Exact copy, no pictures: output each line below as it stands.

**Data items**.
----------

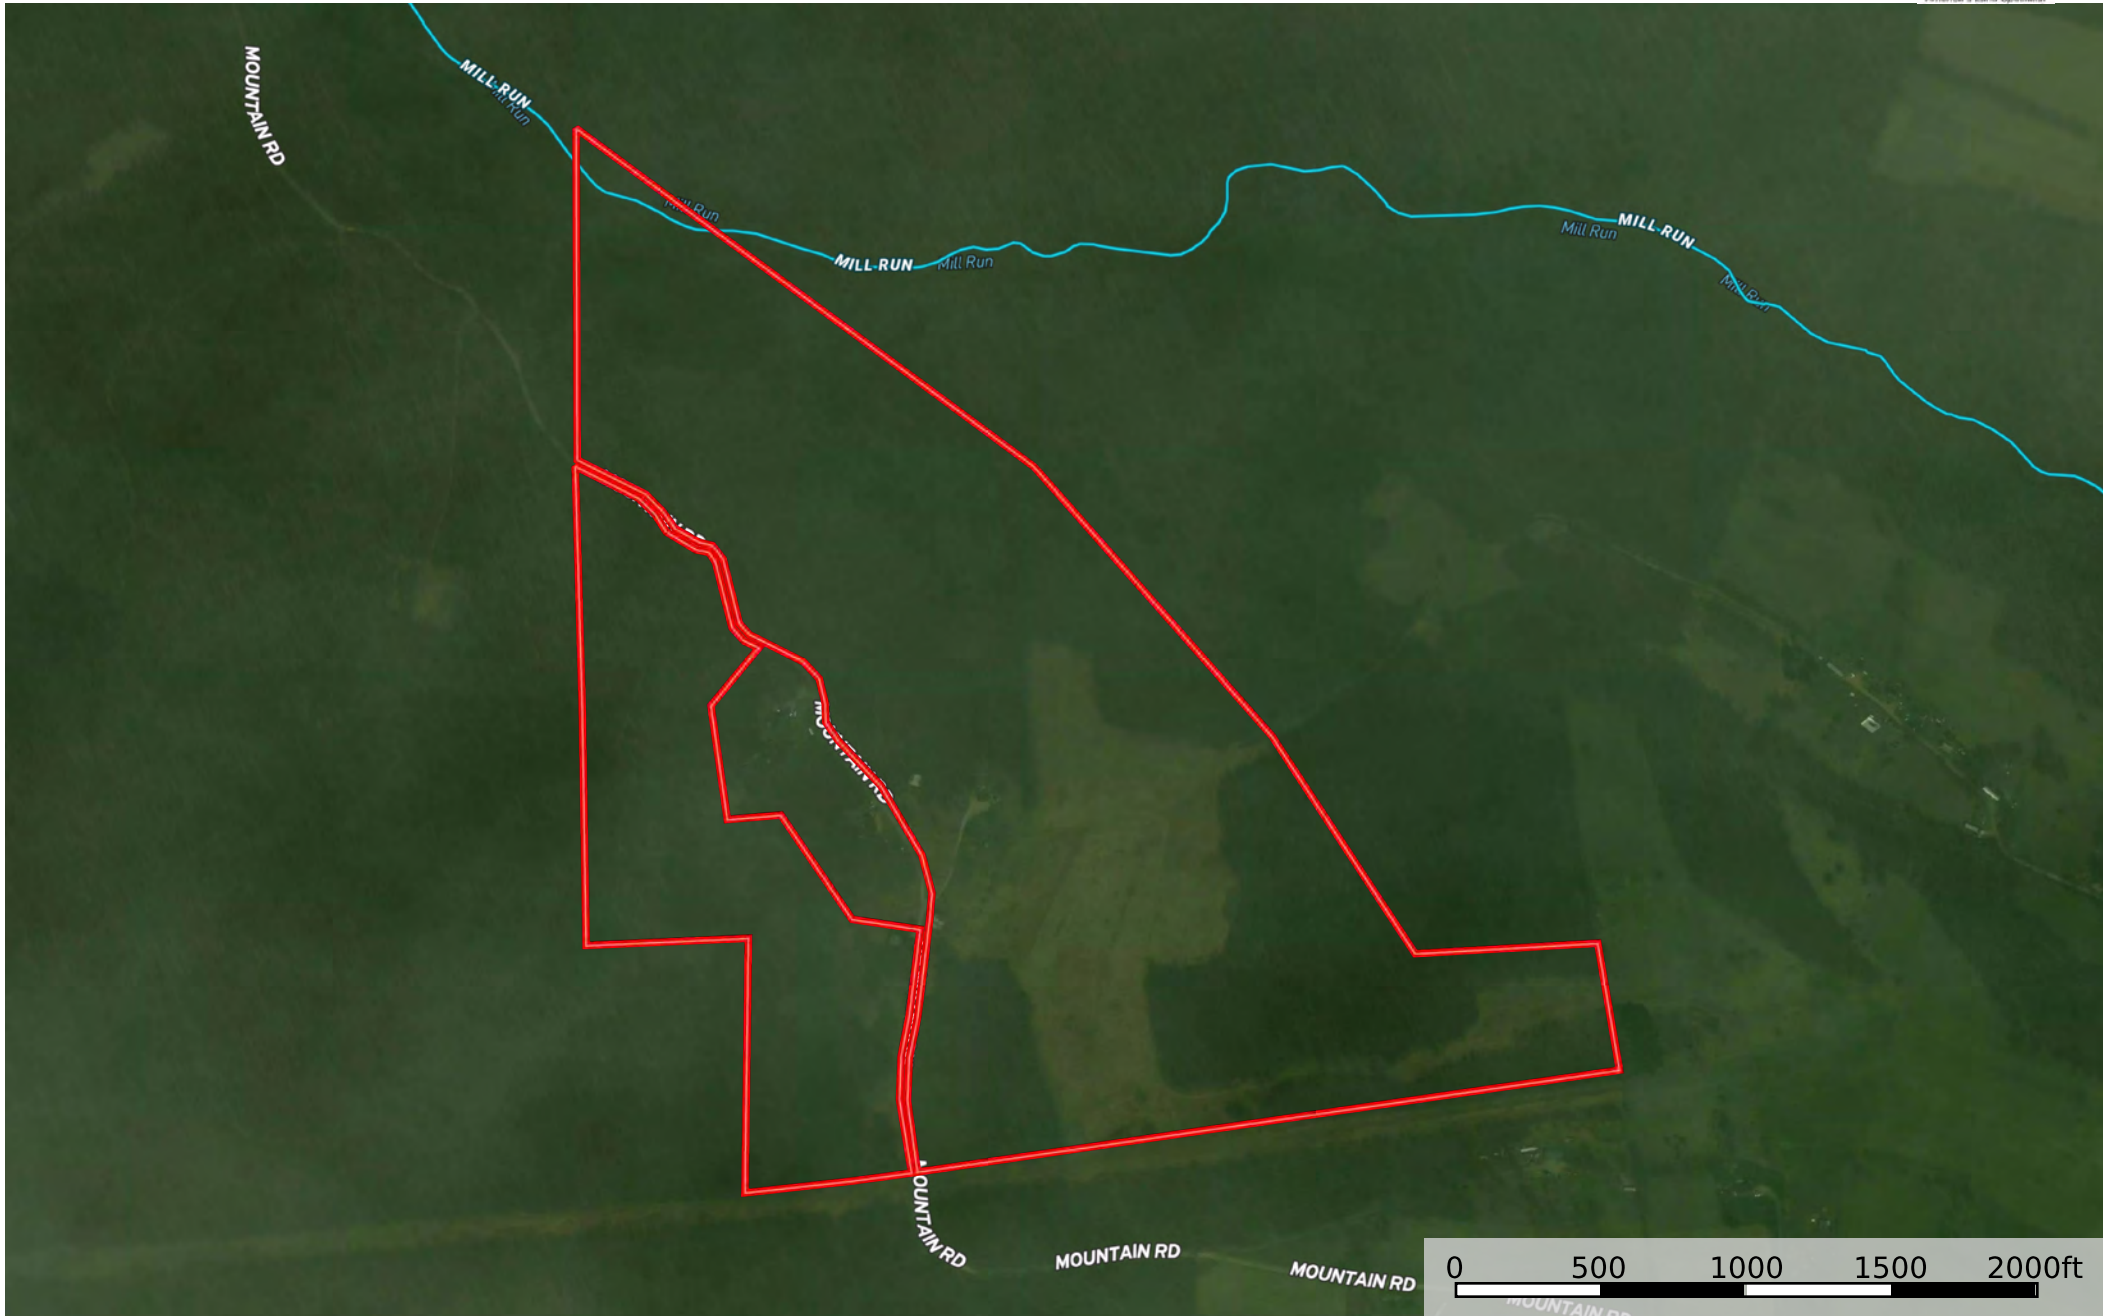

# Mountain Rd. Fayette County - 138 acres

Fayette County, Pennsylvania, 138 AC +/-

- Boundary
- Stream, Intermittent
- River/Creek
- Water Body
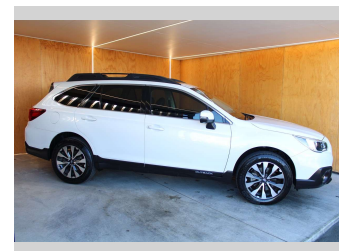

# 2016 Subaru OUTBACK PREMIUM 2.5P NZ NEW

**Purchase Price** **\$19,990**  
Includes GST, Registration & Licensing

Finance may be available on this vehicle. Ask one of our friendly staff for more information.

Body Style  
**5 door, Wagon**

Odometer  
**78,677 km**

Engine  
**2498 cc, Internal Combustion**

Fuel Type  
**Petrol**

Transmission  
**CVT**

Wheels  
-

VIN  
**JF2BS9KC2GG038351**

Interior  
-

----------

**Response to this task**.
# Mountain Rd. Fayette County - 138 acres

Fayette County, Pennsylvania, 138 AC +/-

- Boundary
- Stream, Intermittent
- River/Creek
- Water Body

# 2016 Subaru OUTBACK PREMIUM 2.5P NZ NEW

**Purchase Price** **\$19,990**  
Includes GST, Registration & Licensing

Finance may be available on this vehicle. Ask one of our friendly staff for more information.

Body Style  
**5 door, Wagon**

Odometer  
**78,677 km**

Engine  
**2498 cc, Internal Combustion**

Fuel Type  
**Petrol**

Transmission  
**CVT**

Wheels  
-

VIN  
**JF2BS9KC2GG038351**

Interior  
-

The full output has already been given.